In his own community, Dr. Goldbloom was often called upon for counsel, too. Denise Grossman, the president of Temple Emanu-El-Beth-Sholom in Westmount, said that when she got the news of his death, she called previous presidents to let them know.

"The first words out of everyone's mouth was, 'He was my mentor,'" she said. "Whenever he had a suggestion, he'd always preface it with, 'Excuse my chutzpah but …' And I would always reply, 'Your chutzpah is accepted any time.'"

Among Dr. Goldbloom's many volunteer commitments, he served as honorary president of the Jules and Paul-Émile Leger Foundation and was president of Jewish Immigrant Aid Services of Montreal. In 1983, he was named an officer of the Order of Canada and in 2000, he was invested as a companion. In 1991, he was named an Officer of the Ordre national du Québec. For his efforts to encourage interfaith dialogue, Pope Benedict XVI made him a Knight of the Order of St. Sylvester.

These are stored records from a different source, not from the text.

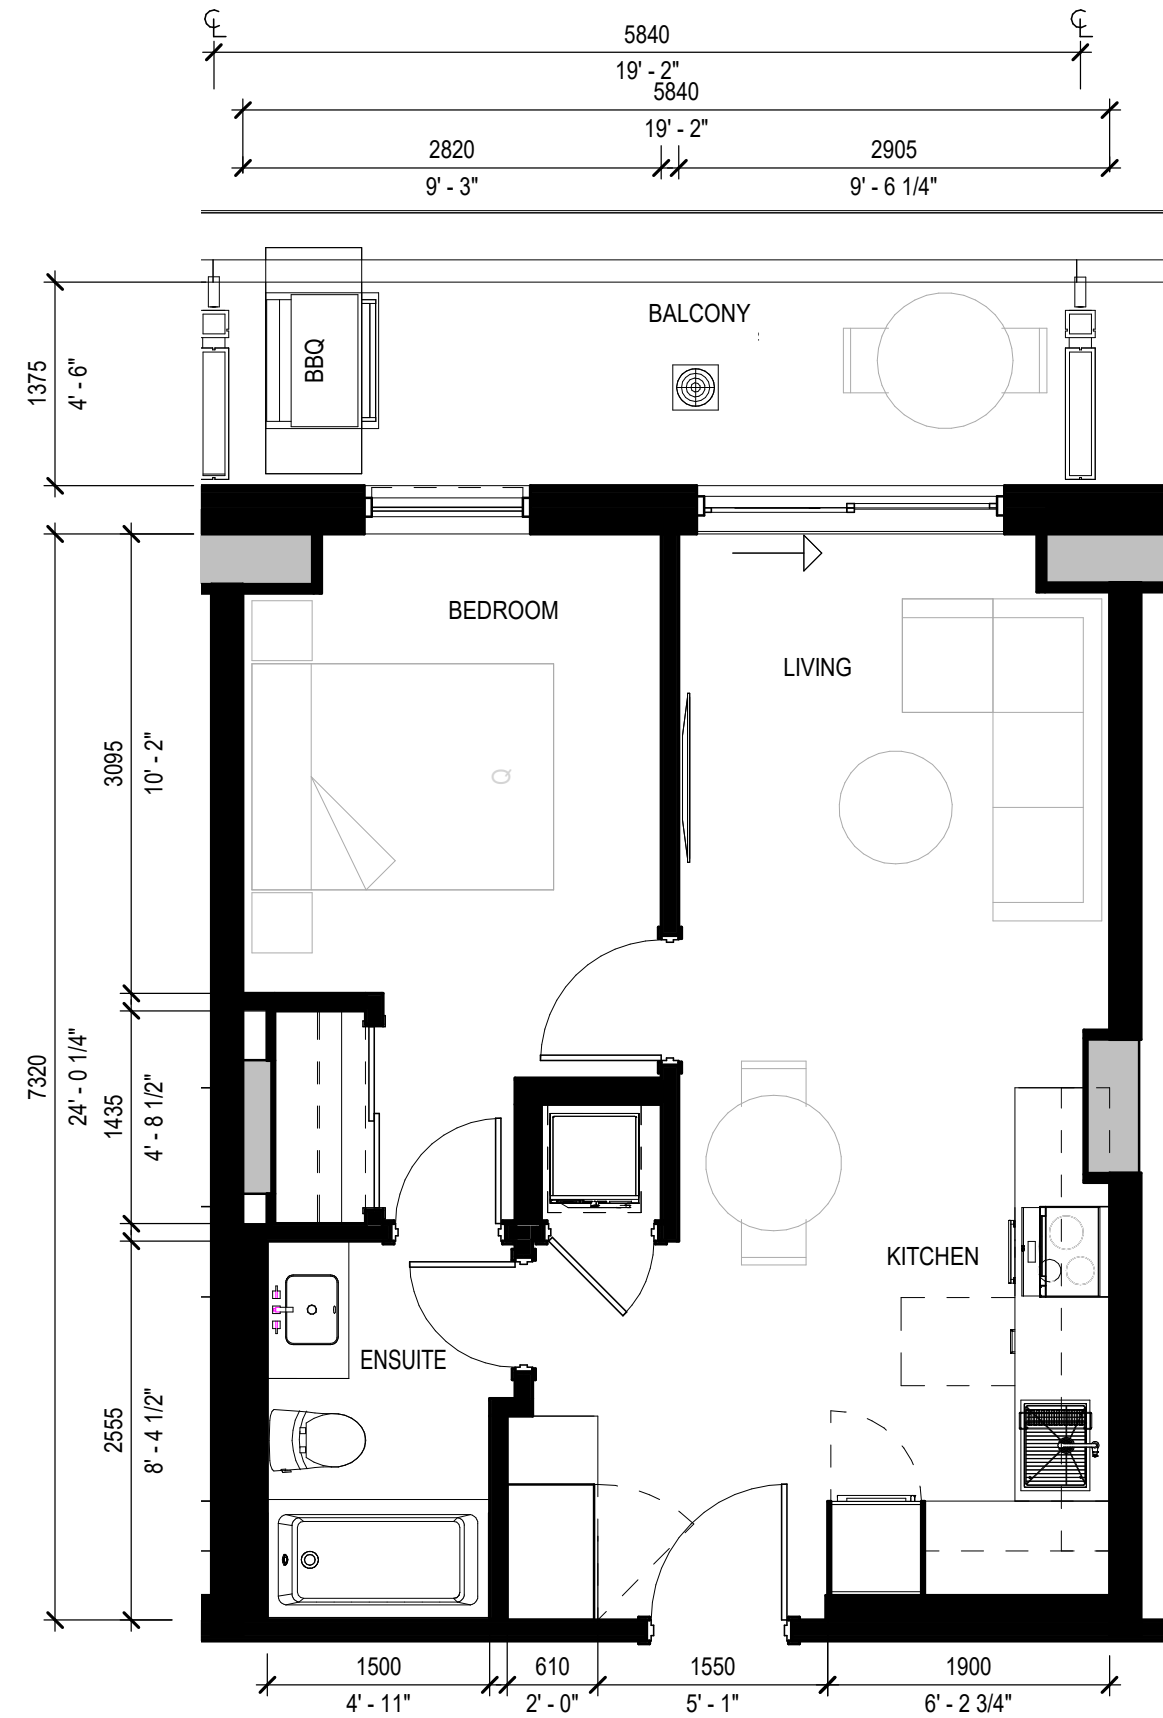

# 1 BEDROOM

## PLAN C

	Sq. Ft.	m <sup>2</sup>
Interior	506	47
Exterior	86	8
<b>Total Living</b>	<b>592</b>	<b>55</b>

**UNITS:** 202

**6 OTHER 1 BEDROOM PLANS (441 TO 1,119 SQ. FT.)**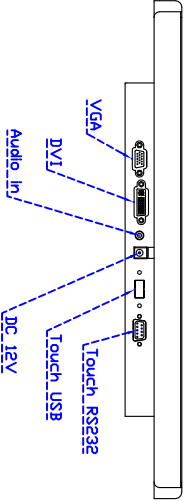

19" Embedded Touch Monitor.

AIM-TMPxxxx190-R03W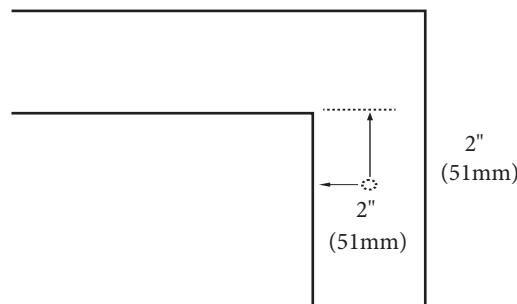

For clarification, please contact Madeli Customer Care at (800)-819-6988 or (305)-718-8817 Ext. 1

All dimensions are approximate and subject to standard tolerance. Specifications subject to change without prior notice.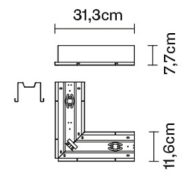

TILE

D95M1663

Pamio Design

Dimensions

Description

Voltage

220-240V

Socket

Net: 1.53 kg

Packaging

Gross weight: 2 kg
Volume: 0.019 m³
Number of boxes: 1

Specs

 IP20

His eldest son, Michael Goldbloom, noted that his father still did three Sudoku puzzles a day, planned to appear before a National Assembly committee hearing to voice his displeasure with a school board reform bill, and wanted to form a committee to improve Muslim-Jewish relations.

"We knew he could not live forever but he did seem to be ageless," he said. "We loved him and he loved us and he will always be with us."

Dr. Goldbloom leaves his younger brother, Dr. Richard Goldbloom, his wife of 67 years, Sheila Goldbloom, and their three children, four grandchildren and two great grandchildren.